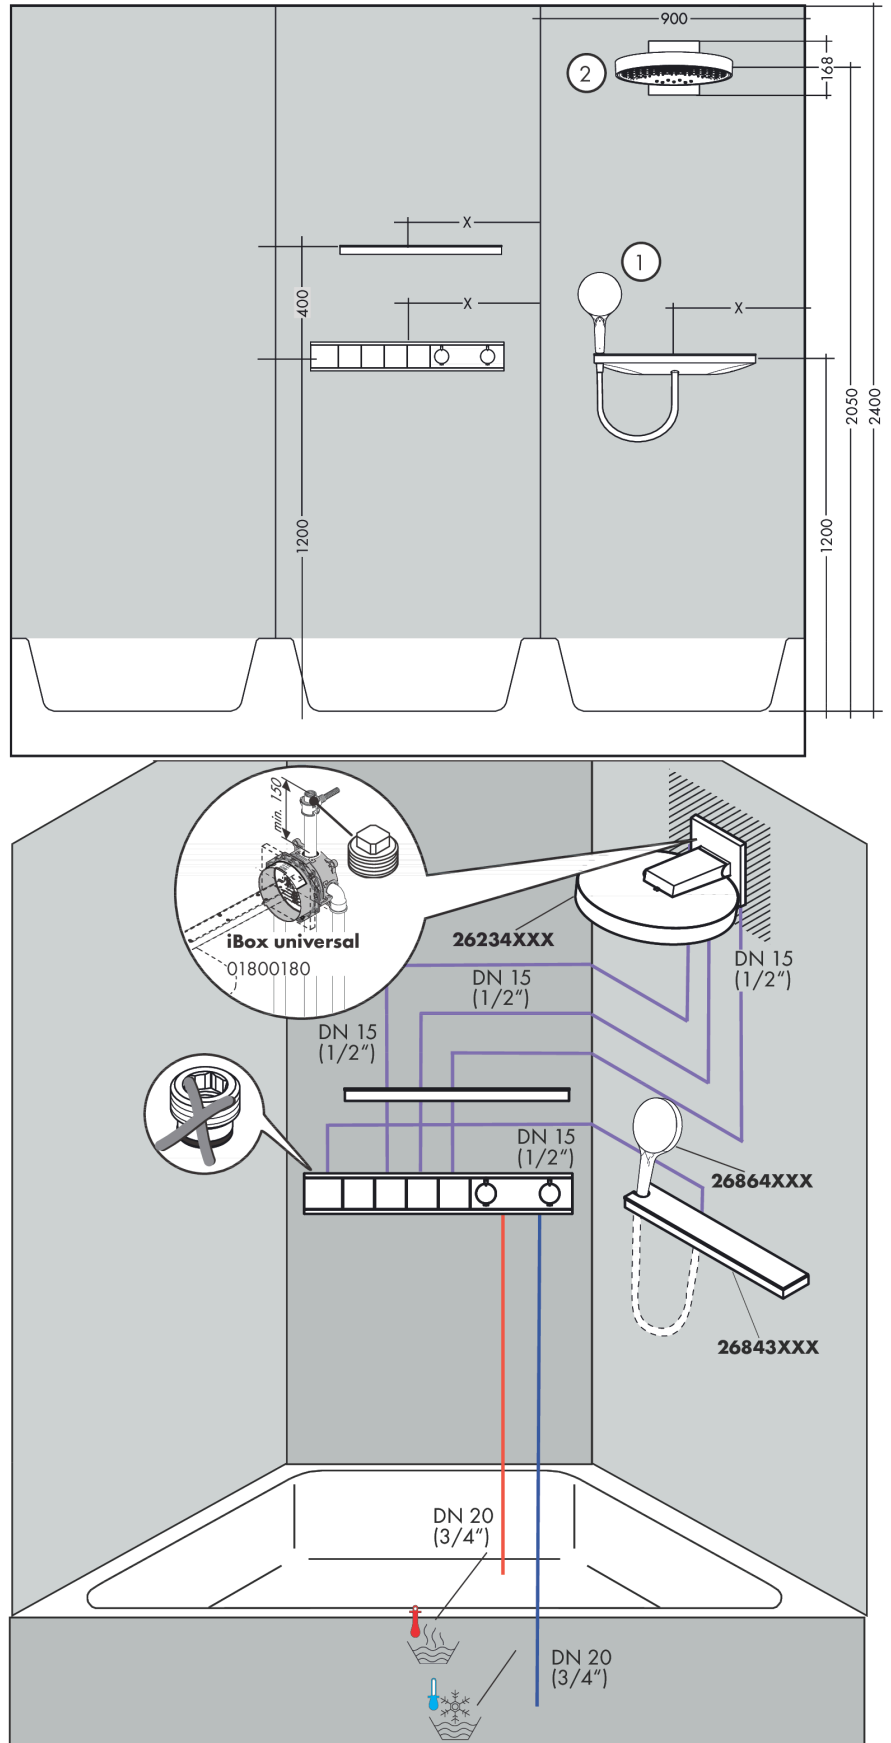

Технология**Награды за дизайн****Продукт****Чертеж**

RainSelect

Термостат, скрытого монтажа, для 4 потребителей

Поверхности : матовый черный Артикульный номер : 15382670

Пример монтажа

RainSelect
1531218X / 15382XXX

Год выпуска: >04/20

Позиция	Описание	Артикульный номер	PC	PU
1	handle for thermostat	92215670	-	1
2	safety set	93112670	-	1
3	safety set	93113670	-	1
4	cover	93105610	-	1
5	symbol Flood jet	93305610	-	1
6	symbol head shower	93499610	-	1
7	symbol head shower Rain large	93107610	-	1
8	symbol handshower	93106610	-	1
9	cover	93501610	-	1
10	mounting kit	93102000	-	1
11	O-ring 38x2,5	98198000	-	1
12	adapter for handle	93109000	-	1
13	adapter for handle	93315000	-	1
14	support element	93111000	-	1
15	support element	93314000	-	1
16	fit-up aid	93417000	-	1
17	escutcheon	93317670	-	1
18	thermostat cartridge	96633000	-	1
19	sealing set	96636000	-	1
20	O-ring 34x2	98383000	-	1
21	O-ring 26x2	98147000	-	1
22	service unit	93406000	-	1
23	O-ring 20x2	98165000	-	1
24	O-ring 20x1,5	98197000	-	1
25	non return valve	96655000	-	1
26	filter	97367000	-	1
27	shut off unit	98536000	-	1
28	Select-adapter	93103000	-	1
29	nut	98368000	-	1
30	shut off unit	95758000	-	1
a	concealed item	15312180	-	1
b	Grease	90920000	-	1
c	extension 25 mm	93434000	-	1
○ ○ ○ ○
▶ [EXERCISE BRIEF]
What is needed is an exact printout of all the entries, without the pictures.

▶ [RESPONSE BOX]
Технология**Награды за дизайн****Продукт****Чертеж**

RainSelect

Термостат, скрытого монтажа, для 4 потребителей

Поверхности : матовый черный Артикульный номер : 15382670

Пример монтажа

RainSelect
1531218X / 15382XXX

Год выпуска: >04/20

Позиция	Описание	Артикульный номер	PC	PU
1	handle for thermostat	92215670	-	1
2	safety set	93112670	-	1
3	safety set	93113670	-	1
4	cover	93105610	-	1
5	symbol Flood jet	93305610	-	1
6	symbol head shower	93499610	-	1
7	symbol head shower Rain large	93107610	-	1
8	symbol handshower	93106610	-	1
9	cover	93501610	-	1
10	mounting kit	93102000	-	1
11	O-ring 38x2,5	98198000	-	1
12	adapter for handle	93109000	-	1
13	adapter for handle	93315000	-	1
14	support element	93111000	-	1
15	support element	93314000	-	1
16	fit-up aid	93417000	-	1
17	escutcheon	93317670	-	1
18	thermostat cartridge	96633000	-	1
19	sealing set	96636000	-	1
20	O-ring 34x2	98383000	-	1
21	O-ring 26x2	98147000	-	1
22	service unit	93406000	-	1
23	O-ring 20x2	98165000	-	1
24	O-ring 20x1,5	98197000	-	1
25	non return valve	96655000	-	1
26	filter	97367000	-	1
27	shut off unit	98536000	-	1
28	Select-adapter	93103000	-	1
29	nut	98368000	-	1
30	shut off unit	95758000	-	1
a	concealed item	15312180	-	1
b	Grease	90920000	-	1
c	extension 25 mm	93434000	-	1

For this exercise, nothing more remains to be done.